Close Combat is a tactical war game that, believe it or not, has been inspired by the extremely complex board game Advanced Squad Leader. The first Close Combat was released back in 1996 and it was a game changer (pun intended). Besides its simple game mechanics and (for the time) great graphics, the virtual soldiers had morale, combat experience, physical state and stamina modeled as variables. No longer could a player order a suicidal charge against a machine gun nest: the virtual soldiers would literally have a morale breakdown seeing their buddies mowed down by the bursts of lead. In addition, only the fittest soldiers could withstand the exertions of continuous forced marches and assaults. It was a true revolution in computer war gaming. The most hard core qualities and the satisfying tactical experience of those"cream of the crop" board games, adapted to a computer game ... The Close Combat series continued for four more years, and then waned down significantly between the years 2000 and 2007, when Matrix Games started re-packaging the old series. Enter Panthers in the Fog, released in late 2012, which is the first Close Combat with original content (i.e. not a re-make of older titles).
The Close Combat game is composed of two layers. The top layer is the so-called "strategic" and this is where the player moves regiments and battalions across a map that covers the historical area of operations. The movement is turn based and the regiments and battalions can be given offensive, defensive and maneuver stances. Other specific actions for them include rest, relieve, merge and disband. The player can also allocate air interdiction and artillery support into specific areas of the "strategic" map. Once two opposing sides collide into the same region of the area of operations, the lower "tactical" layer comes into play. This lower tactical layer is played a 2D, exquisitely drawn 2D maps that are a handful of hundred meters (average) in size. Before the battle starts, the player is able to choose among the different subunits of the regiments and battalions available in the specific subdivision of the "strategic" map region. Once deployed, the battle is played in continuous time. The units (fire teams, MG teams, individual tanks and support systems) are given commands with a left-click and point, very intuitive interface. For movement, the commands are "move", "move fast" and "sneak". For firing there is an obvious "fire" command and for protection there are "defend" and "ambush" orders. Included also is a "smoke" command (throw smoke in a specified direction). Each soldier, crew, tank vehicle and gun has a damage/status (healthy, unconscious, wounded, immobilized, destroyed, KIA, etc) followed by the game engine. The morale status for every single man in the battle is also taken into account. The system is so detailed that even ammunition is tracked.

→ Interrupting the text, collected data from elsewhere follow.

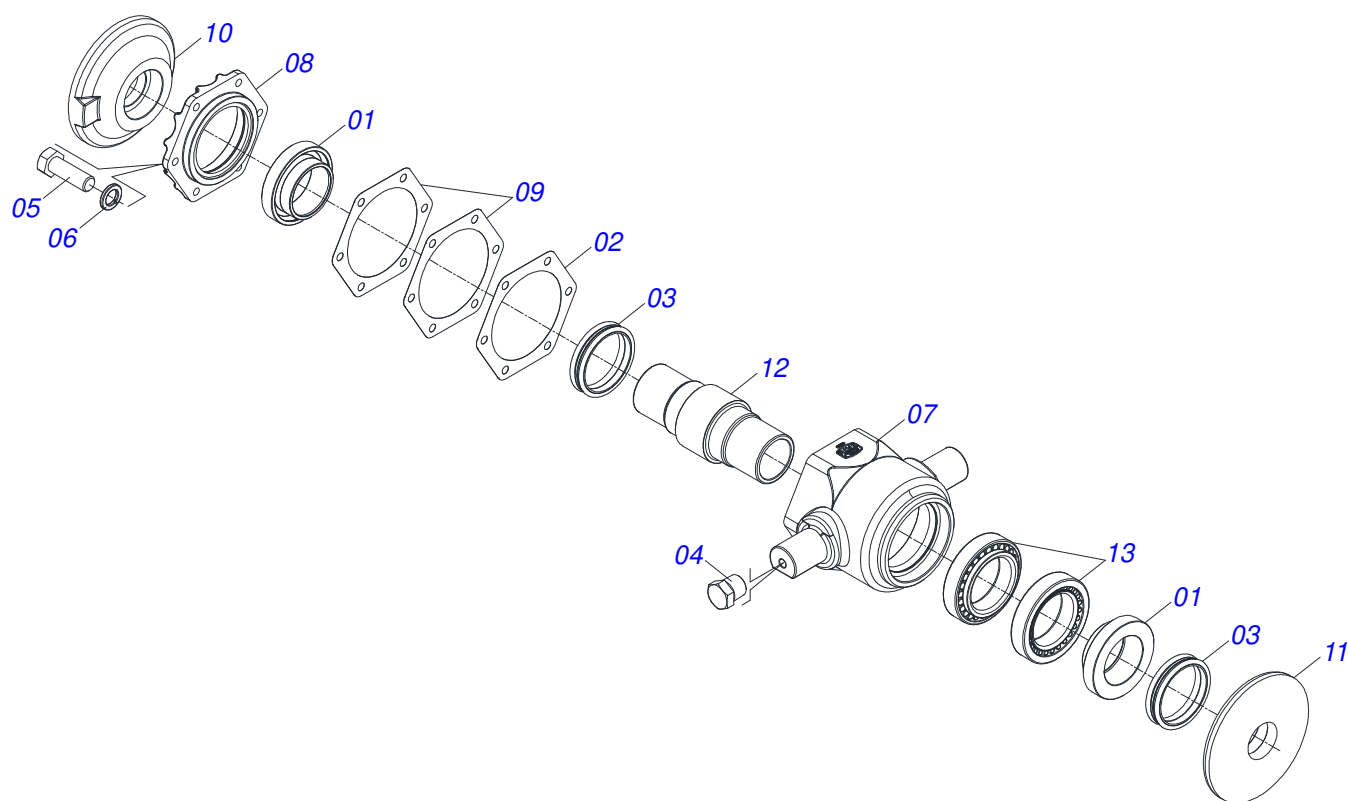

Item	Código	Descrição	Ver Pág.	QT
01	0502040119	PORTA RETENTOR COM BUCHA		02
02	0503035599	JUNTA VEDACAO 205 X 160,5 X 0,20		01
03	0503030029	RETENTOR LP JB-259		02
04	0503010856	BUJAO R 3/8 BSPT		02
05	0503010920	PARAFUSO 1/2 UNC X 1.1/2 C S G.5		06
06	0503011440	ARRUELA PRESSAO 1/2 SA		06
07	0502013021	CAIXA MANCAL AGRICOLA DMO 330		01
08	0502013005	TAMPA CAIXA MANCAL		01
09	0503035600	JUNTA VEDACAO 205 X 160,5 X 0,40		02
10	0502012239	ENCOSTO EXTERNO DISCO MANCAL 330X2.1/2		01
11	0502012238	ENCOSTO INTERNO DISCO MANCAL 330 X2.1/2		01
12	0502040204	EIXO		01
13	0503010482	ROLAMENTO 594A/592A TK		02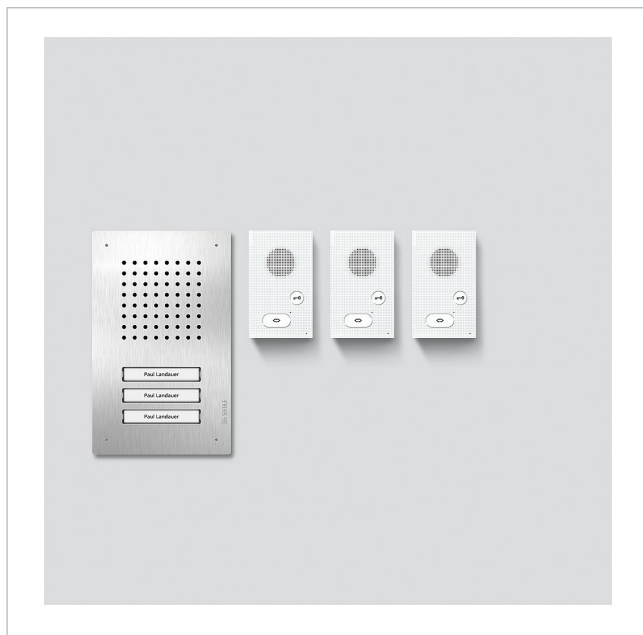

Audio-set Siedle Classic
SET CLAB 850-3 E/W

210010047-00

Productomschrijving

Audio-Set Siedle Classic in bus-techniek met de functies bellen, spreken en deur openen. Deurstation incl. inbouwbehuizing.

Aantal oproeptoetsen: 3

Leveringsomvang:

- Audio-deurstation Siedle Classic (F CL A 03 B-...)
- 3 Audio-binnenstations Siedle Basic (AIB 150-...)
- Set-Netvoeding (SNG 850-...)

Prestatiekenmerken SNG 850-0

- 10 bus adressen voor de verzorging van de bus-toestellen
- Geïntegreerd deuropener- en lichtcontact
- Programmering: handmatig, Plug+Play of PC software

Artikelinformatie

Artikelaanduiding	Artikelomschrijving	Kleur/Materiaal	KG	Artikelnr.
SET CLAB 850-3 E/W	Audio-set Siedle Classic	Edelstaal/wit	A	210010047-00

Accessoires

Artikelaanduiding	Artikelomschrijving	Kleur/Materiaal	KG	Artikelnr.
ZDS/CL	Diefstalbeveiliging	Zwart	D	200034998-00
ZNSM/CL-02	Accessoire naambordje metaal classic	Overige	D	200043063-00

CL 02-3 Siedle Classic

Artikelomschrijving

Aansluitklemmen

Naambordje bovendeel oproep-toets

Sensor compleet zonder printplaat

Printplaat toets

Kleur/Materiaal

Blauw

Defeat or victory is decided by a combination of the amount of victory locations taken and the overall morale of both sides. If men on one side have seen too many deaths among their buddies, their morale will drop and this not only result in a lack of offensive spirit but also a sudden tactical scenario termination if the overall morale level falls below a specific mark.
The emphasis of Close Combat is in the tactical 2D map battles. The upper layer has come a long way since the previous releases and re-releases (better graphics and interface), and there is a good amount of decision-making for the player to do at this level. But the verisimilitude of the game system leaves a glowing gap between moving up battalions and regiments to the front (strategic level) and fighting with just a reinforced company (24 units per tactical map at maximum, to be chosen among fire-teams, MG/mortar teams, tanks, vehicles and guns). One could argue that the 2D tactical maps are just too small to deploy a battalion on them and that is a fair argument. However, each strategic map region features just one playable tactical 2D map so a series of company-sized fights is what decides the occupation or withdrawal of entire battle groups. This modeling of grand-tactical/operational warfare by a series of combat patrol skirmishes has been creeping release after release during the history of the franchise and has achieved a point where a mere paint of good-researched orders of battle doesn't cut it anymore. A game or simulation of combat that follows each soldier's attribute battle after battle is unlikely to have no cracks in its way up of the fighting leagues of divisions and corps. Nonetheless, if you park your generals and colonels outside and you enter the game with just your captains and sergeants, you are guaranteed a very good tactical war game, with immersion added by battles that follow a continuity in events down to soldiers acquiring more experience, abandoned vehicles and artillery craters remaining in the map along the way.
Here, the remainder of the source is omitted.